- Outfielder / First baseman
- Born: February 12, 1992 (age 34) Mobile, Alabama, U.S.
- Batted: LeftThrew: Left

MLB debut
- September 8, 2016, for the Colorado Rockies

Last MLB appearance
- October 2, 2016, for the Colorado Rockies

MLB statistics
- Batting average: .444
- Home runs: 0
- Runs batted in: 2
- Stats at Baseball Reference

Teams
- Colorado Rockies (2016);

= Jordan Patterson =

American baseball player (born 1992)

Jordan Andrew Patterson (born February 12, 1992) is an American former professional baseball outfielder and first baseman. He played in Major League Baseball (MLB) for the Colorado Rockies.

==Amateur career==
At Baker High School in Mobile County, Alabama, Patterson played four years of baseball, football and basketball. As a senior, he had a 1.63 earned run average and hit .439 with 17 extra-base hits and eight stolen bases.

Patterson initially intended to accept a scholarship to play college baseball at Mississippi Gulf Coast Community College but changed his commitment to the University of South Alabama shortly before the fall semester began. In 2012, he played collegiate summer baseball with the Bourne Braves of the Cape Cod Baseball League. As a junior, he was the Sun Belt Conference Player of the Year.

==Professional career==
===Colorado Rockies===
He was drafted by the Colorado Rockies in the fourth round of the 2013 Major League Baseball draft. He made his professional debut with the Grand Junction Rockies and spent 2014 with the Asheville Tourists. Patterson started 2015 with Modesto Nuts and was promoted to the Double-A New Britain Rock Cats in July. During the final month of the season he transitioned into a first baseman. Patterson was promoted to the Major Leagues on September 6, 2016. He was designated for assignment by the Rockies on November 20, 2018.

===Toronto Blue Jays===
On November 26, 2018, Patterson was claimed off waivers by the New York Mets. Three days later, he was claimed off waivers again, this time by the Cincinnati Reds. The next day, Patterson was non-tendered and became a free agent. On December 4, he re-signed with Cincinnati on a minor league contract. On March 27, 2019, Patterson was traded to the Toronto Blue Jays. He played in 104 games for the Triple–A Buffalo Bisons, hitting .234/.308/.432 with 16 home runs and 47 RBI. Patterson elected free agency following the season on November 4.

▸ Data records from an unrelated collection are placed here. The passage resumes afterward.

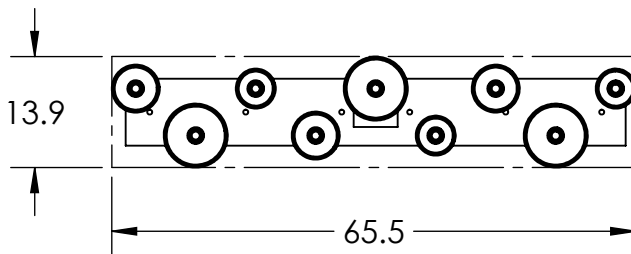

Collection: APOTHECARY

Product #: PLB0041-09

CHANDELIER INCLUDES:

Bulbs Not Included

Visit hammertonstudio.com for product options and specifications.

4/23/2018 (A)

Mounting Packet: R	Electrical Type: INCANDESCENT
Approximate lbs.: 85	Bulb Qty: 9 Bulb Type: A19
Finish: SEE WEB SITE FOR OPTIONS	Wattage: 40 Voltage: 120
Top Diffuser: CLOSED	Socket Type: MEDIUM, E26 BASE
Bottom Diffuser: OPEN	UL Location: DRY

Mounting Detail

All fixtures created by Hammerton are handcrafted by artisans. Dimensions may vary up to 7/8".

© Copyright 2018. All rights in design, detail or invention of this drawing are reserved as the property of Hammerton. Any imitation or adaptation without written consent is strictly prohibited.
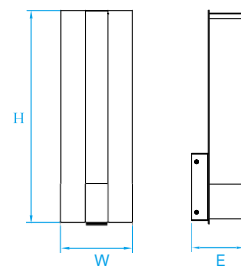

Model No. KLV190
Dimension 5"W x 14-1/2"H x 4"E
Lamp 15W integral LED 800 lumens
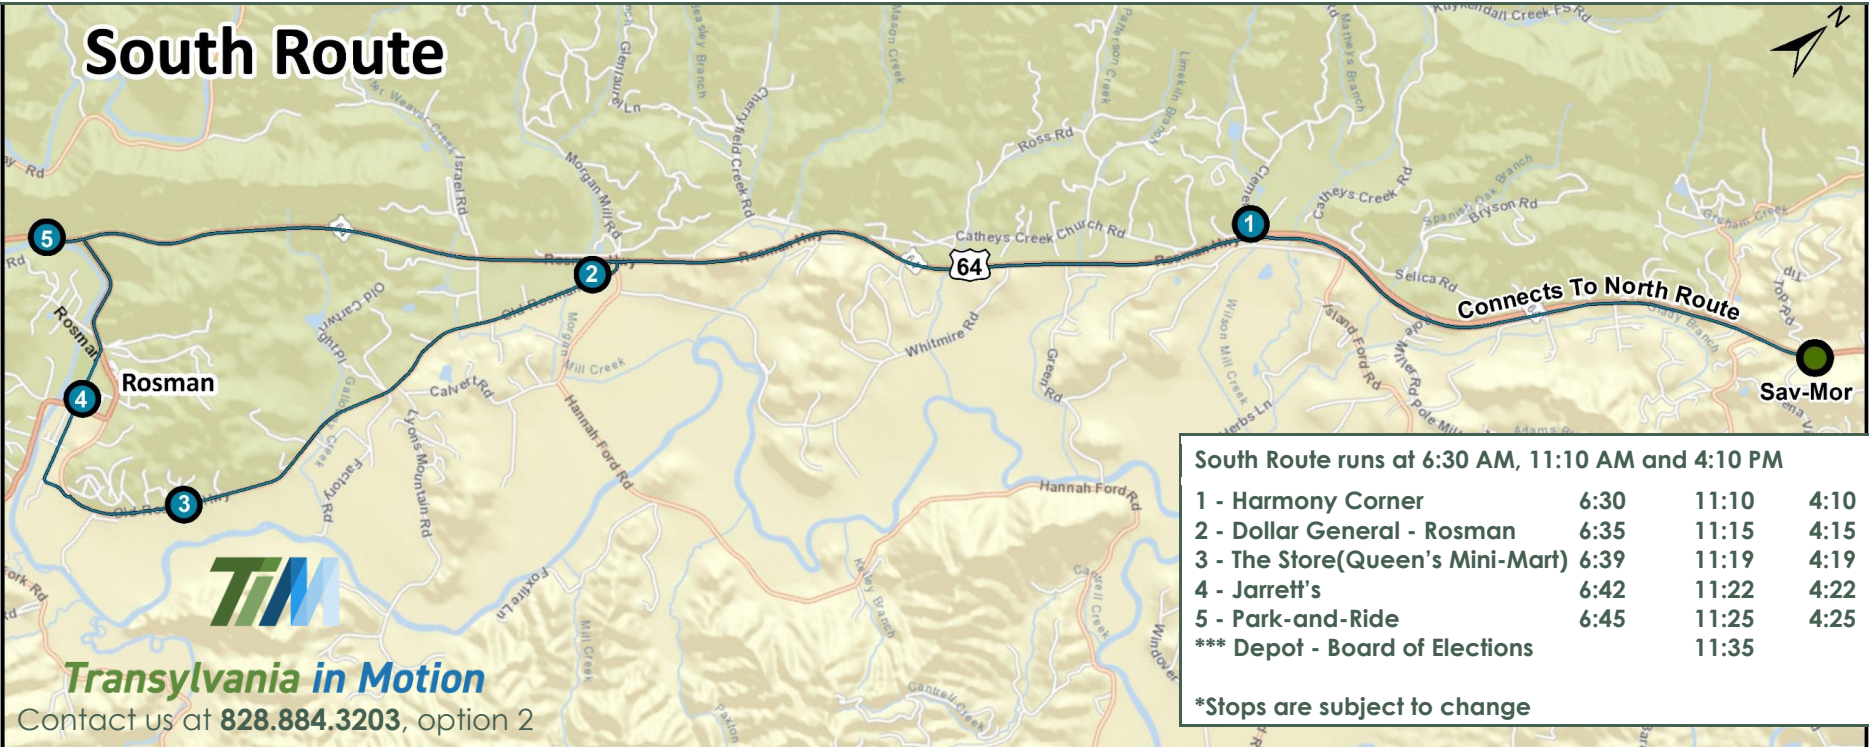

North Route begins at 7:00 AM and runs on the hour except at 11:10 AM and 4:10 PM

1 - Sav-Mor	:00	6 - BRCC	:14	10 - Dollar General - PF	:28	14 - Sports Complex	:36	19 - England St/ W Main St	:49
2 - County Gov Campus	:04	7 - Cedar Hill Apt	:18	11 - Sycamore Cycles	:29	15 - TVS	:39	20 - WCCA	:52
3 - Johnson St/ E Main St	:06	8 - Transylvania Reg Hospital	:21	12 - Forest Gate Shopping Ctr	:31	16 - Broad River Terr Apt	:41	21 - Pine Crest/ Hillview Apt	:54
4 - E French Broad St	:08	9 - Grocery Outlet	:24	13 - Lowe's	:34	18 - Food Lion	:47	22 - Sharing House	:57

*Stops are subject to change

South Route runs at 6:30 AM, 11:10 AM and 4:10 PM

1 - Harmony Corner	6:30	11:10	4:10
2 - Dollar General - Rosman	6:35	11:15	4:15
3 - The Store(Queen's Mini-Mart)	6:39	11:19	4:19
4 - Jarrett's	6:42	11:22	4:22
5 - Park-and-Ride	6:45	11:25	4:25
*** Depot - Board of Elections		11:35	

*Stops are subject to change
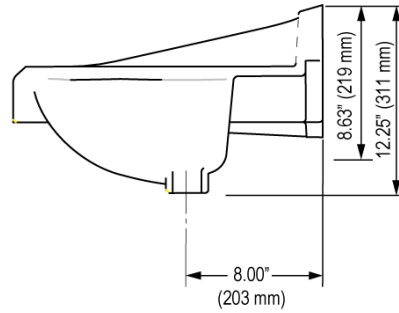

CODE NUMBER

3873103

DESCRIPTION

Vitreous China Wall-Mounted Backsplash Lavatory.

DETAILS

- Centerset: Single
- Nominal Dimensions: 18 ¼" x 20 ¾" x 12 ¼" (464 x 527 x 311mm)

FEATURES

- White Vitreous China
- Wall mounted with 4" backsplash
- Front overflow
- Single hole
- Carrier not included
- Mounting hardware included
- 20 ¾" x 18 ¼" (527 mm x 464 mm)

DOWNLOADS

- [Sloan SS-3003 Installation Instructions](#)
- [SS/ST/SU/WETS/WEUS Fixtures Repair and Maintenance Guide](#)
- [Additional Downloads](#)

ROUGH-IN**COMPLIANCES & CERTIFICATIONS**

(ADA Compliant, cUPC Certified, EPD, HPD)

NOTES

All information contained within this document subject to change without notice.

All vitreous china dimensions shown in these drawings are nominal and not to scale. Dimensions can vary within the tolerances established in the governing ASME A112.19.2/CSA B45.1 standard. It is important to consider this when planning rough-in and plumbing layouts.
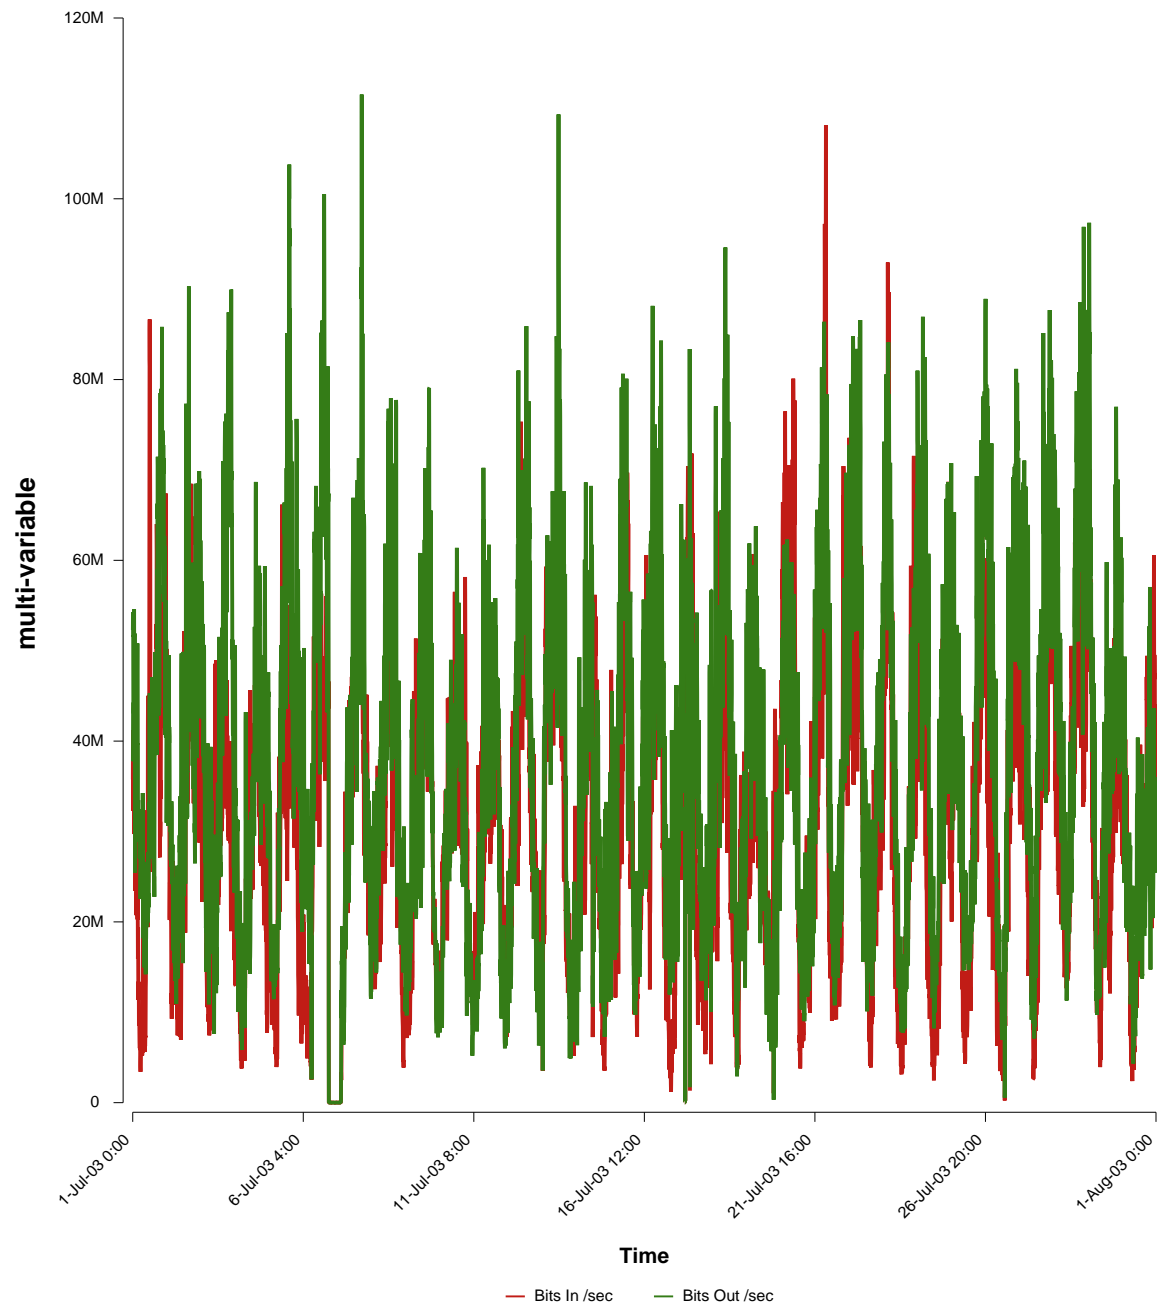

eHealth Trend Report

Divide by Time

SUNET-A-SUNDSVALL-MH

From: 2003/07/01 00:00
To: 2003/07/31 23:59

Created: 2003/08/02 06:31:00

On February 23, 2020, Patterson signed a minor league contract with the Chicago Cubs. He did not play in a game in 2020 due to the cancellation of the minor league season because of the COVID-19 pandemic. Patterson was released by the Cubs organization on May 28.

===Fargo-Moorhead RedHawks===
On July 12, 2020, Patterson signed with the Fargo-Moorhead RedHawks of the American Association of Independent Professional Baseball. In 13 games for Fargo, he hit .122/.163/.195 with no home runs and no RBI. Patterson was released by the club on July 31.